Free-Machining Brass and Why It Dominates Lewiston Precision Production

C360 free-machining brass deserves its name — it carries a machinability index of 100, the reference standard against which all other metals are measured. The 3 percent lead addition creates brittle chips that break cleanly, eliminates built-up edge on cutting tools, and allows surface speeds that would be impossible on non-leaded brass or copper. On CNC screw machines and CNC lathes in Lewiston shops, C360 runs at 400 to 600 SFM with high-speed steel tooling and even faster with carbide. A feature that requires 5 minutes in steel takes under a minute in C360 at equivalent tolerances. For Lewiston construction supply — gate valves, ball valve bodies, pipe fittings, compression fittings, hose barbs, and meter housings — C360 is the standard production material.
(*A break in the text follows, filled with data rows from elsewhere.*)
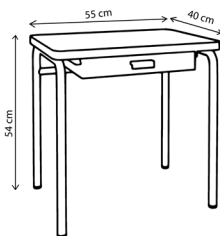

Made in Europe

SKP

Disponible sur 3D warehouse

Plateau indoor en MDF / Finition stratifié
Piètement en acier / Finition peinture époxy

Garantie 5 ans

Poids 12 kg

Bureau Régine

Personnalisable

It's stocked at regional brass distributors in round bar from 0.125 inch diameter to 4 inches, hex bar to match wrench flat dimensions, and tube in standard wall gauges. The machinability advantage translates directly into lower per-piece cost on turned parts, which is why plumbing hardware has been made from free-machining brass for over a century. The lead content in C360 that makes it machine so well also restricts its application scope. California Proposition 65 and the Safe Drinking Water Act amendments (NSF/ANSI 61 and NSF/ANSI 372) impose lead-content limits on water contact surfaces. For potable water fittings sold into markets with lead-free requirements — which now include most U.S. states under the federal Reduction of Lead in Drinking Water Act — low-lead or lead-free brass alloys must be used. Shops producing potable water fittings in the Lewiston market should confirm alloy compliance with NSF/ANSI 372 before quoting C360.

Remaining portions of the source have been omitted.